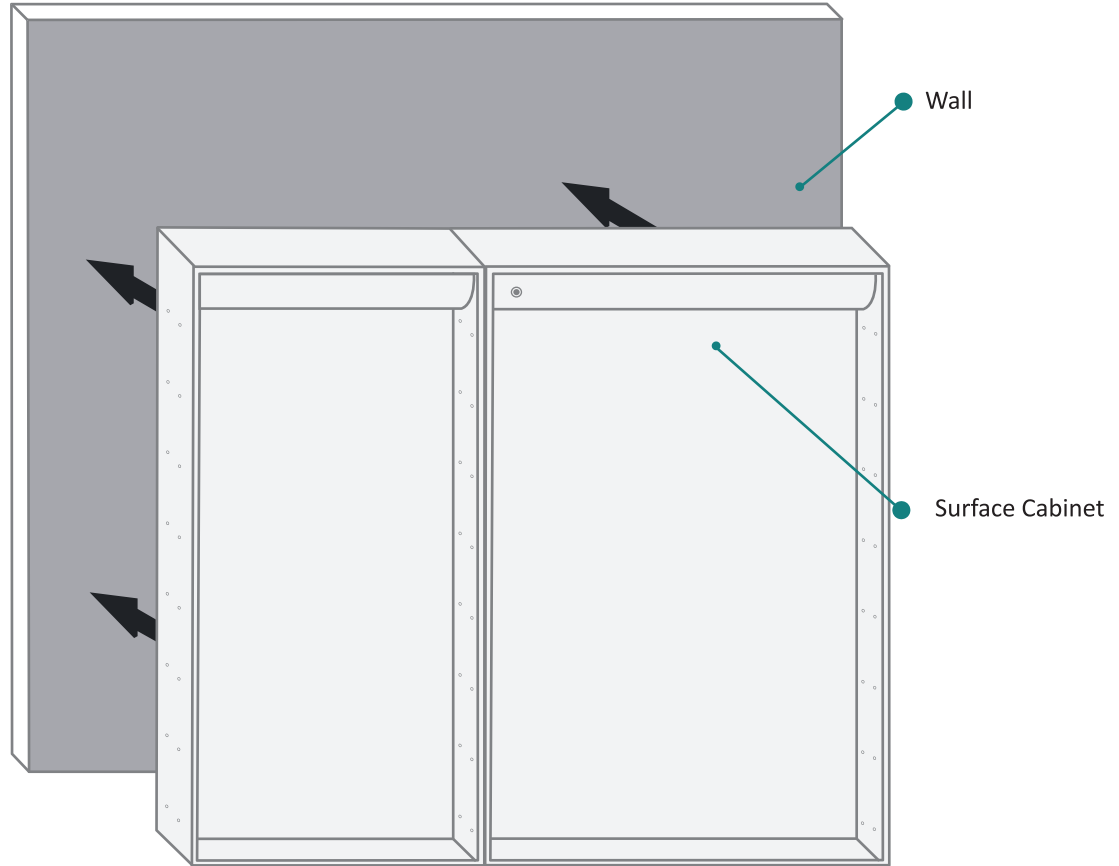

CABINET CONFIGURATION

- Included models in this configuration:
Cabinet 1 = 1836L Cabinet 2 = 2436R

SVANGE 4236R Wall Mirror - Specification Sheet

SVANGE 4236R Wall Mirror - Specification Sheet

SURFACE MOUNT
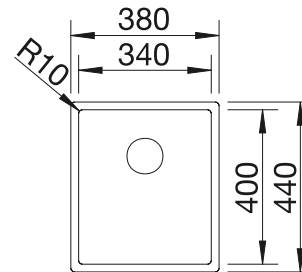

TECHNICAL DRAWING

Bowl depth 190 mm
Please order drain connections for combinations of two individual bowls separately
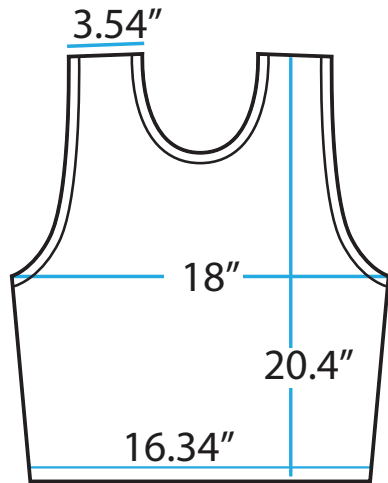

Custom Nordic Bib Sizes

100% Dye Sublimated Printing

LBN200M • Men's Nordic with Bias

LBN200M • Men's Nordic no Bias

LBN200W • Women's Nordic with Bias

LBN200W • Women's Nordic no Bias

LBN200J • Junior Nordic no Bias

LBX102 • Extra Large Nordic no Bias
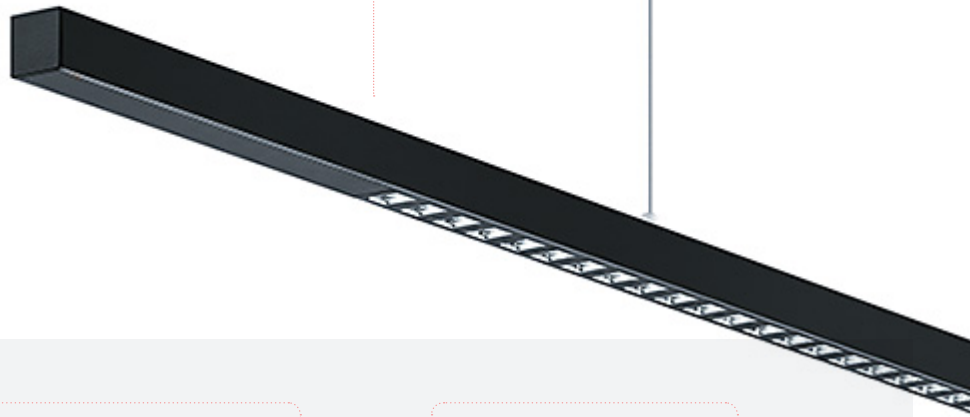

LINETIK Pendant

Light Magic

Power feed through suspension cables

Housing Colors

Black, White, Silver

Minimalist Appeal

Section dimensions only
1" high x 1" wide

Color Rendering

CRI 80+

Distribution Characteristics

35% direct distribution and
65% indirect distribution

Available Dimming

0-10V DALI (for separate
control of uplight and
downlight)

Light Quality

Glare-free downlight –
UGR < 16 and wide indirect
uniform distribution
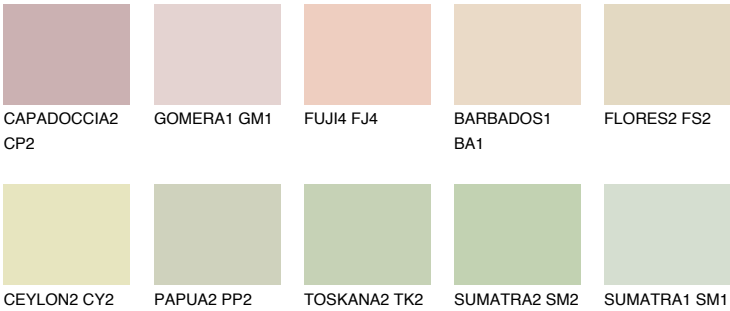

## SAHARA2 SH2

75% **TSR** 71%

### Matching colours

#### COLOURS

#### INTENSE

For more information on plasters and paints, go to [www.ceresit.ee](http://www.ceresit.ee)

\*The presented colours refer to plasters and paints offered by Ceresit. Due to the use of digital techniques, the presented colours might not represent the original ones, thus they cannot be considered as a reliable colour presentation. We recommend checking the authentic colour samples.
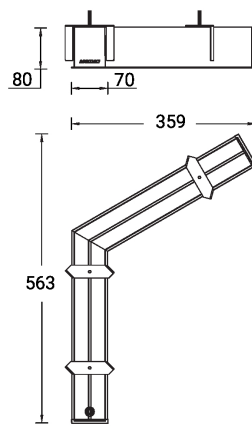

**NYBRO 14 (NYB-80881-RE)**

**Product description**

Down - L120° corner - 70x80 mm - 563 mm

microPrim™

**Luminaire Structure**

- Die-cast aluminium end-caps and extruded aluminium profile with powder coating
- Passive thermal management
- Stainless steel fasteners in grade 304 with zinc flake coating (ZFC)
- PMMA diffuser with Opal (UGR <19) and micro prismatic (UGR <13) options for better glare control
- Integral control gear
- Cut the connection angle according to the shape
- Stainless steel brackets and screws for mounting
- Down light distribution only
- Wireless control available through Bluetooth connection
- Daylight and occupancy sensor options

**Optic**

**Product colour**

**Special finishes upon request**

**NYBRO 14 (NYB-80881-RE)**

**Technical information**

<b>Material</b>	Aluminium
<b>Light source</b>	84 LED
<b>Power</b>	12 W
<b>Lumen</b>	1067 - 1338 lm
<b>Efficacy</b>	89 - 112 lm/W
<b>Driver option</b>	Integral control gear
<b>Driver</b>	Constant current (CC)

NYB-80881-RE

**NYBRO 14** (NYB-80881-RE)**Accessory**

---

---

Continuous-coupler bracket  
(60/70 mm Down & 60 mm  
Down & Up profile)  
**A81581**

---

---

DALI Control System  
**Control-DALI**
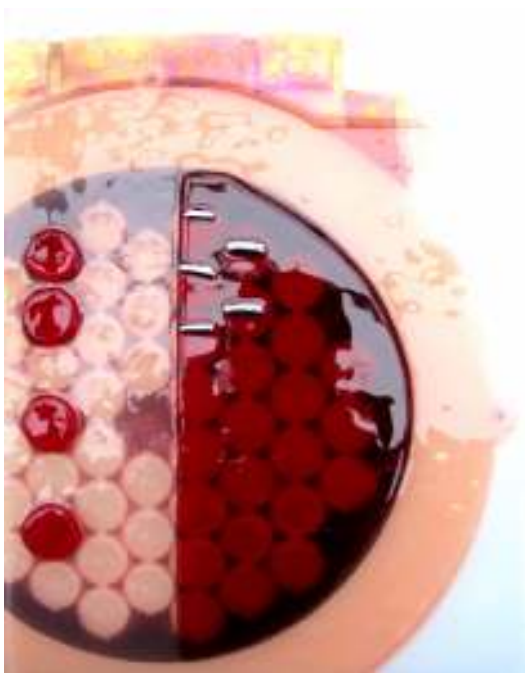

Thorn Lighting

Thorn Lighting - Spennymoor

L.E.D. Colour External Lighting Modules.
Bullseye fused glass panels using glass
frit, screenprinting, iridescent and dicronic
glass.
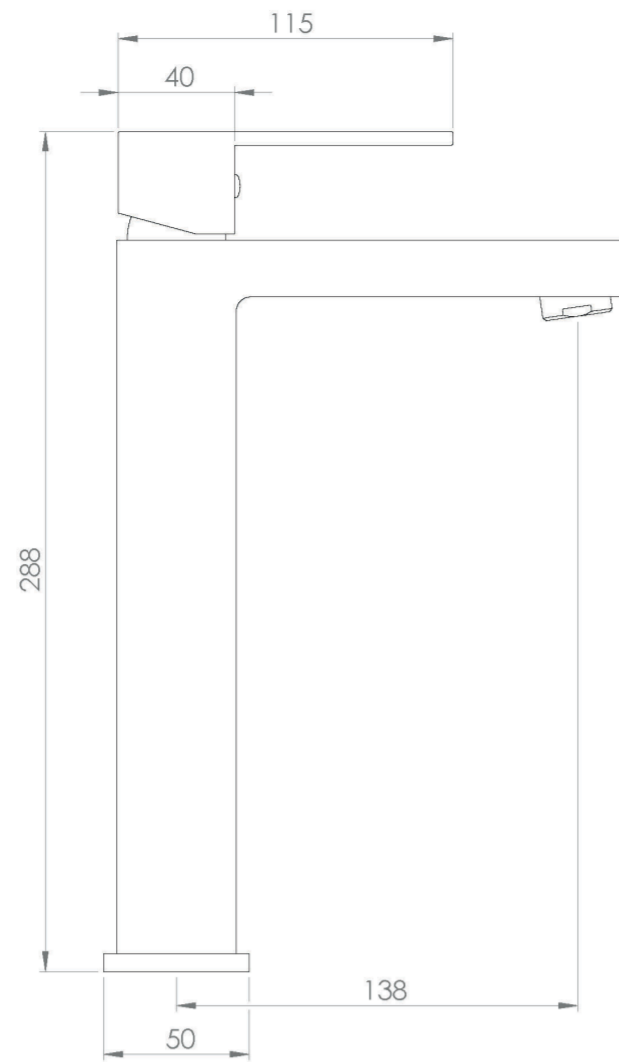

TOOGA TALL BASIN MIXER - CHROME

Product Code: TO204

PRODUCT INFORMATION

| | |
|------------------------------|--|
| Width: | 50mm |
| Finish: | Chrome |
| Height: | 288mm |
| Depth: | 138mm |
| Material: | Brass |
| Product Type: | Tall Basin Mixer Tap, Deck Mounted Basin Mixer Tap |
| Approvals: | WRAS Approved |
| Weight | 2.39kg |
| Compatible Aerator(s) | M24 |
| Waste | Not included, purchase separately |
| Guarantee | 5 years |
| Spout Projection (mm) | 138mm |
| Other Features | Pair with a countertop basin |
| Material | Brass |
| Approvals/Standards | WRAS |

DESCRIPTION

The TOOGA brassware collection features products that will be the focal point of any bathroom with its sharp, sleek lines.

This TOOGA tall mixer in chrome is a great option as it will work with a variety of our washbasins and units to create a striking vanity set up in any bathroom. It is best suited with a countertop basin and countertop because of its height.

Waste to be purchased separately.

TECHNICAL DRAWING

FLOW RATE

- 0.2 Bar - Flowrate: 2.9 l/min
- 0.3 Bar - Flowrate: 3.5 l/min
- 0.4 Bar - Flowrate: 4 l/min
- 0.5 Bar - Flowrate: 4.4 l/min
- 1 Bar - Flowrate: 6.2 l/min
- 2 Bar - Flowrate: 8.7 l/min
- 3 Bar - Flowrate: 10.8 l/min
- 4 Bar - Flowrate: 12.5 l/min
- 5 Bar - Flowrate: 14.1 l/min
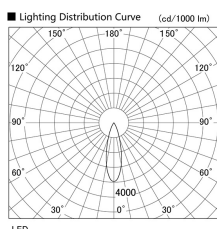

Item no. DD103-2530WW9035

Series Name: Versa R-G, Antiglare

White Reflector

Installation	Recessed mount
Type	
Fixture wattage	23W
Beam angle	28 deg.
Color Temp.	3500K
CRI	Ra>90
Luminous	1619 lm
Body	Die-cast aluminum alloy
Body finish	N/A
Trim finish	White
Reflector finish	White
IP Rate	IP20
Light source	COB module
Input Voltage	AC220~240V
Dimming Type	Non-Dimmable
Certificate	CE, CCC
Cut Hole	125mm
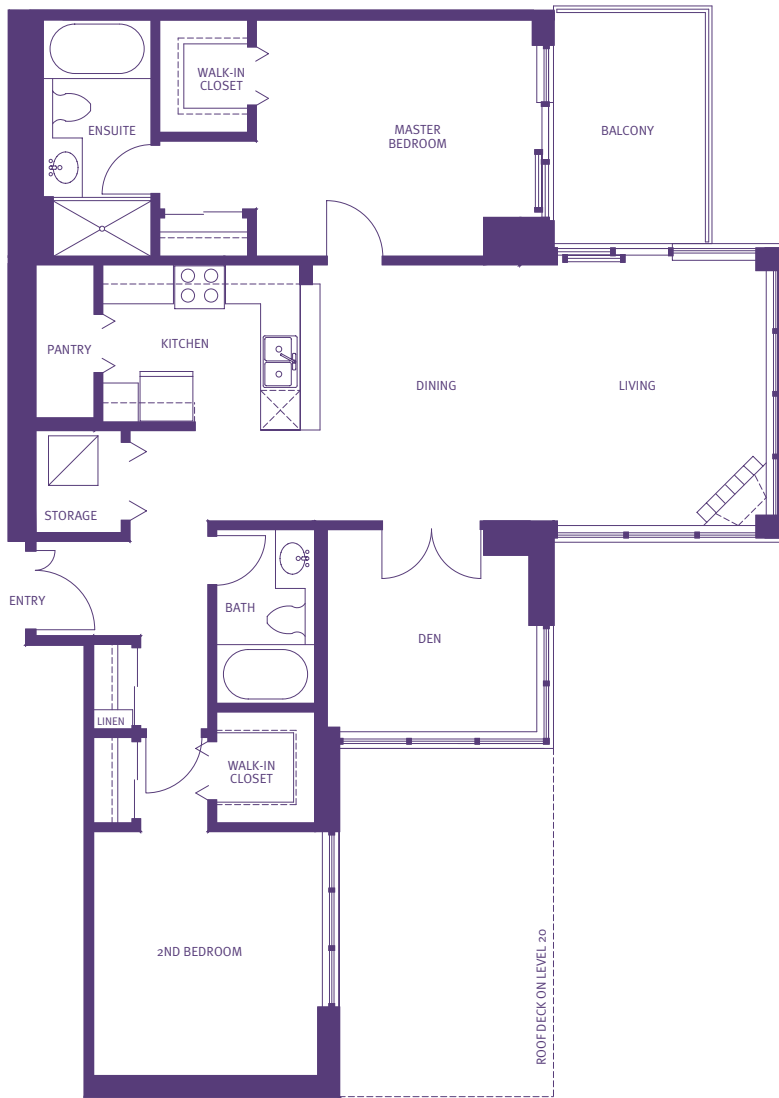

# G

Two Bedroom + Den  
1,347 square feet

2001 to 2301

Actual dimensions and floorplans may vary.  
In the interest of continuing product improvement  
the builder reserves the right to change features  
and specifications without notice.

# H

Two Bedroom + Den  
1,511 square feet

2002 to 2302

Actual dimensions and floorplans may vary.  
In the interest of continuing product improvement  
the builder reserves the right to change features  
and specifications without notice.

I

Two Bedroom + Den  
1,806 square feet

2003 to 2303

Actual dimensions and floorplans may vary.  
In the interest of continuing product improvement  
the builder reserves the right to change features  
and specifications without notice.

# J

Two Bedroom + Den  
1,613 square feet

2004 to 2304

Actual dimensions and floorplans may vary.  
In the interest of continuing product improvement  
the builder reserves the right to change features  
and specifications without notice.
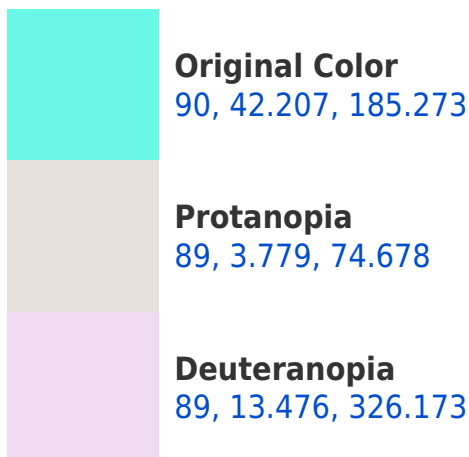

# Black Background

This preview shows how the CIELCh color 90, 42.207, 185.273 looks on a black background.

## Background

This preview shows how black text looks on a background with the CIELCh color 90, 42.207, 185.273.

This preview shows how white text looks on a background with the CIELCh color 90, 42.207, 185.273.

## Dichromacy

**Tritanopia**  
90, 27.368, 215.690

# Trichromacy

**Original Color**  
90, 42.207, 185.273

**Protanomaly**  
89, 17.375, 180.744

**Deuteranomaly**  
89, 13.312, 216.988

**Tritanomaly**  
90, 31.989, 202.117
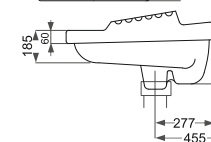

Negin
نگین

Name Of Product	Technical Code	Weight(Kg)±%5
Siphonic Asian W.C	12-23-56	16.600
Siphonless Asian W.C	12-23-57	16.100
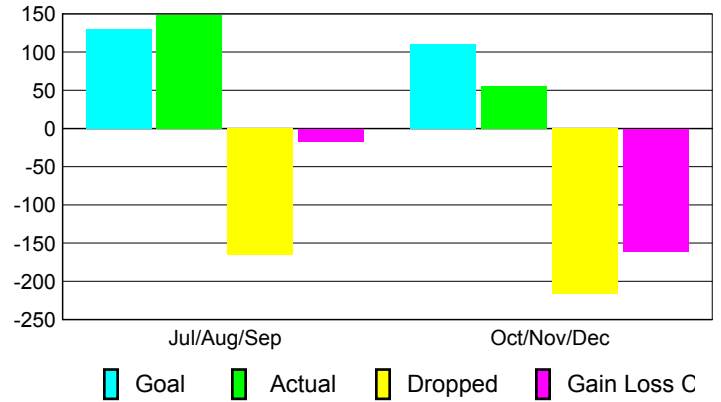

Membership Results 2010-2011

Goal, New, Dropped, Gain/Loss
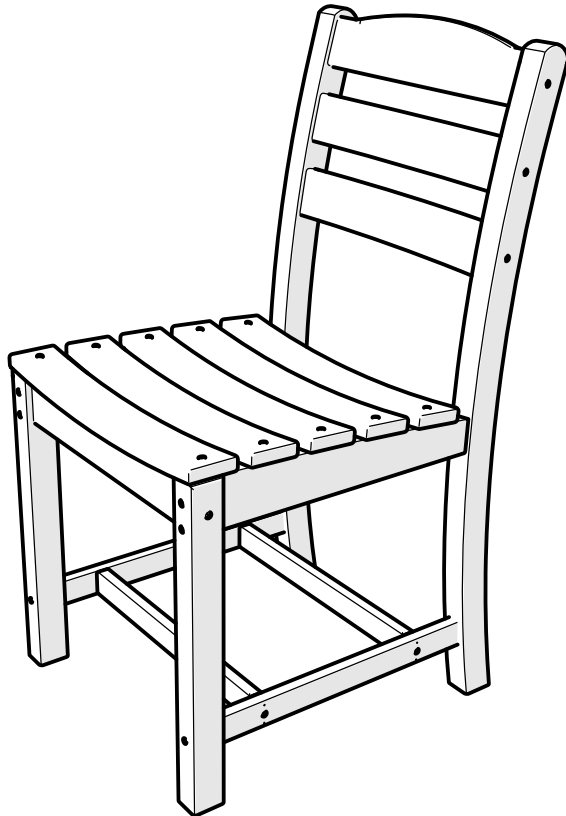

POLYWOOD

Assembly Instructions

NO ASSEMBLY REQUIRED

TD100
La Casa Cafe
Dining Side Chair

..... **20-Year Warranty**

To view our full warranty, please visit
polywoodoutdoor.com/warranty

Easily register your product using
one of the methods below:

Text POLYWOOD to 71403
Receive a link to register online

— or —

Register on our website
register.polywoodoutdoor.com

— or —

Send a Picture
Take a photo of the icon below and
text it to 71403 (US only)

..... Having Trouble?
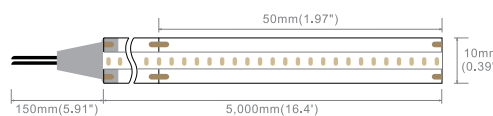

CSP CCT TUNABLE 24V

POWER	COLOR TEMPERATURE	TOTAL LUMINOUS FLUX (±5%)	IP	LED	VOLTAGE	LED/MT	WIDTH	LENGHT	CUTTING SEGMENT	SKU
19W	2700K-6000K	1750lm/m	IP20	CSP	24V	640 LED/w	10mm	5m	50mm	ILAR-01686
			IP67			640 LED/w				ILAR-01687

◆ Assignment:
Scan the material above for lines holding "bathroom" and copy each of them.

◆ Answer to this task:
The TOOGA brassware collection features products that will be the focal point of any bathroom with its sharp, sleek lines.
This TOOGA tall mixer in chrome is a great option as it will work with a variety of our washbasins and units to create a striking vanity set up in any bathroom. It is best suited with a countertop basin and countertop because of its height.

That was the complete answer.